If you have deployed a large number of services in a single namespace, you can use the sidecar recommendation feature to reduce the size of sidecar configurations to the maximum extent. In this topic, a large-scale cluster that has 420 pods is used to test and analyze the optimization of configuration push of Service Mesh (ASM) after sidecar recommendation is enabled.

Prerequisites

The cluster is added to the ASM instance. For more information, see Add a cluster to an ASM instance.
You have connected to the cluster by using kubectl. For more information, see Obtain the kubeconfig file of a cluster and use kubectl to connect to the cluster.
Access logs of the data plane are collected by using Simple Log Service. For more information, see Use Simple Log Service to collect access logs on the data plane.
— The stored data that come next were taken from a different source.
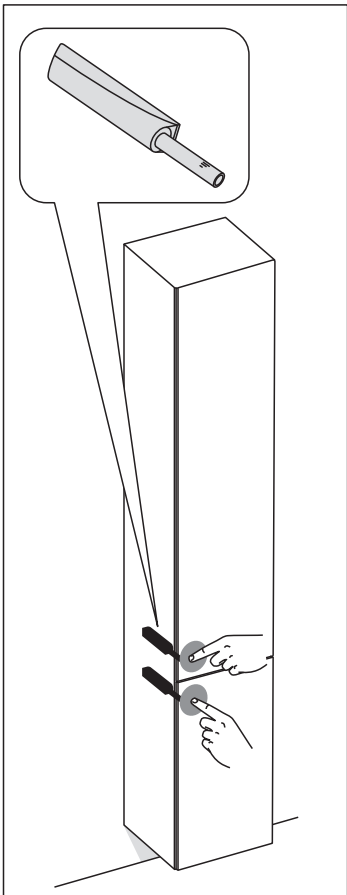

Quality of life since 1825

- SE Push open installation för badrumsmöbler
- EN Push open installation for bathroom furniture
- DK Push open kit til badeværelsesmøbler
- NO Push open for baderomsmøbler
- FI Kylpyhuonekalusteiden Push open asennus
- EE Push open süsteem vannitoamööblile
- LT "Push to open" mechanizmo vonios kambario baldui montavimo instrukcija
- LV Push open mehānisms vannas istabas mēbelēm
- RU Инструкция по установке Push Open для мебели ванной комнаты

Reservdelar  
Reservedeler  
Reservedele  
Varaosat  
Spare parts  
Varuosad  
Atsarginės dalys  
Rezerves daļas  
Запасные части

Drift & skötsel  
Drift og vedligeholdelse  
Drift og vedlikehold  
Asennus-, käyttö- ja hoito-ohjeet  
Assembly and maintenance  
Paigaldamine & hooldamine  
Montaza un kopsana  
Montavimas ir priežiūra  
Установка и уход

Deploy applications in the test cluster

In this test, multiple sleep and HTTPBin applications are created in the ns-in-mesh namespace to simulate a large number of services that have few call dependencies in the cluster. For more information about how to create a namespace, see Manage global namespaces.

After an HTTPBin application is started, the HTTPBin application exposes an HTTP service on port 8000. These HTTP services simulate a large number of services that are called in the cluster.
Each sleep application contains a curl container. You can modify the command field in the configuration file of a sleep application. This way, you can configure the sleep application to call the services provided by multiple HTTPBin containers before the sleep application enters the sleeping state. The services provided by these sleep applications simulate the services that depend on other services in the cluster.

Deploy HTTPBin applications in the cluster.

Create a YAML file named httpbin-{i} based on the following template.

Note

Replace {i} in httpbin-{i} with a specific number. This way, you can create multiple HTTPBin applications that have different IDs. You can use this template to generate as many HTTPBin applications as required. The maximum number of applications that you can generate depends on the size of your cluster. In this example, 200 HTTPBin applications are generated by using this template, and 400 pods are deployed in the cluster to run the HTTPBin applications.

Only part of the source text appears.